— Не считал, родимый… Прежде-то считал, а тут и забыл. Порядочно-таки пожил на белом свете… Да…
Старец на мгновение задумался, потом обвел всех нас своим детским взглядом и точно подумал вслух:
— А ведь точно и не живал на свете… Точно вот все собирался куда-то, а тут и помирать пора.
— Сорок лет отец Варсонофий спасается, — проговорил Лебедкин. — За наши грехи богу отмаливает…
— Давно в лесу живу, родные… Два раза в острог садили, — думал вслух скитский старец. — Как же, сподобил господь принять утеснение. В первый-то раз полтора года высидел за беспаспортность, а второй четыре месяца… Сподобил господь… Один я тогда в лесу жил… А теперь вот ослаб… Плоть изнемогла…
— Не страшно одному-то в лесу жить, дедушка?
— На людях, милый, страшнее, да вот живете…
— А не блазнило тебе, когда один в лесу спасался?
— Одинова был такой случай: зимой, ночью, стою этак на молитве, а он как расскочится да ка-ак ударит прямо в стену…
— Кто он-то?
— Известно кто… Не любит он божьего дела, потому как ему сейчас тошно… Ну, как он ударит в стену мне, а я и слова не могу выговорить: стою и трясусь. Потом уж кое-как отошел и сотворил молитву: «Во имя отца и сына и святого духа…»
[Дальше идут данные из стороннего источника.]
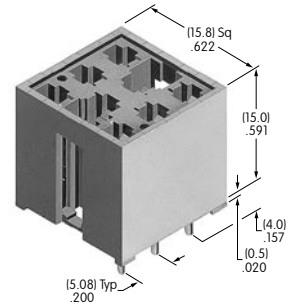

AT711
Single Pole
Straight PC Adaptor
 Glass fiber reinforced polyamide
 Series: LB

AT712
Double Pole
Straight PC Adaptor
 Glass fiber reinforced polyamide
 Series: LB

AT2100s

AT2107
Bezel
 Polyamide
 Colors: A B C E F G H
 Series: M M2100
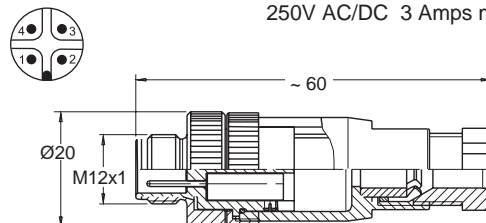

ALL DIMENSIONS ARE IN MILLIMETERS UNLESS OTHERWISE NOTED

12mm Female Molded Locking Connector
 250V AC/DC 4 Amps max.

Order part number

- RC12S-F0M030120 (3 pin / 2m)
- RC12S-F0M030150 (3 pin / 5m)

12mm Male x 12mm Female Molded Locking Cable
 250V AC/DC 4 Amps max.

Order part number

- RCA-12SM00-12SF0041 (4 pin / 1m)
- RCA-12SM00-12SF0042 (4 pin / 2m)

12mm Female Field Wireable Connector
 250V AC/DC 3 Amps max.

Order part number

- RC12B-F0F0400 (4 pin / 4-6mm cable dia.)
- RC12B-F0F0401 (4 pin / 6-8mm cable dia.)

12mm Male Field Wireable Connector
 250V AC/DC 3 Amps max.

Order part number

- RC12B-M0F0400 (4 pin / 4-6mm cable dia.)
- RC12B-M0F0401 (4 pin / 6-8mm cable dia.)

B
T
Y
P
E

Dimensional Data

ALL DIMENSIONS ARE IN MILLIMETERS UNLESS OTHERWISE NOTED

8mm Female Molded Locking Connector 120V AC/DC 4 Amps max.

Order part number

RC08S-F0M030120 (3 pin / 2m)

RC08S-F0M030150 (3 pin / 5m)

RC08S-F0M040120 (4 pin / 2m)

RC08S-F0M040150 (4 pin / 5m)

12mm Male x 8mm Female Molded Locking Cable 120V AC/DC 4 Amps max.

— Может быть, это так, дедушка… Мало ли в лесу притчится иной раз.
Старец посмотрел на нас с сожалением и проговорил тоном, не допускавшим возражения:
— А следы где? Я как отошел, сейчас засветил фонарик и пошел осматривать снег кругом избушки! ни-ни… Известно, чья работа, когда и следу не оставил. Ежели бы худой человек или зверь подошел, так следы бы наследил, а тут чисто…
— У него все чисто выйдет, у нечистого, — сокрушенно подтвердил Лебедкин и даже покрутил своей похмельной головой.
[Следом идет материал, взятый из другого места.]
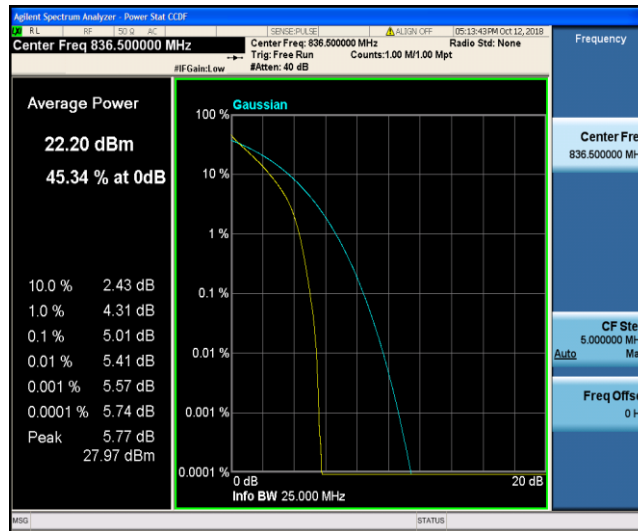

Band5\_5MHz\_16QAM\_20625\_1RB#0

Band5\_5MHz\_16QAM\_20625\_25RB#0

Band5\_10MHz\_QPSK\_20450\_1RB#0

Band5\_10MHz\_QPSK\_20450\_50RB#0

Band5\_10MHz\_QPSK\_20525\_1RB#0

Band5\_10MHz\_QPSK\_20525\_50RB#0

Band5\_10MHz\_QPSK\_20600\_1RB#0

Наше обшество составляло оригинальную группу, так и просившуюся на полотно. Центр картины занимал старец Варсонофий; у него в изголовьях задумчиво сидел на обрубке дерева Павел Степаныч, контрастировавший своей могучей фигурой и цветущим здоровьем; в ногах молча стояли старик Акинфий и охотник Левонтич, а Лебедкин постоянно менял место. Под навесом бродили мягкие тени, делавшие светлевшую даль еще светлее. Прибавьте урывками доносившееся крюковое пение, и картина получится полная.
— Ты откуда родом будешь, дедушка? — допрашивал Павел Степаныч.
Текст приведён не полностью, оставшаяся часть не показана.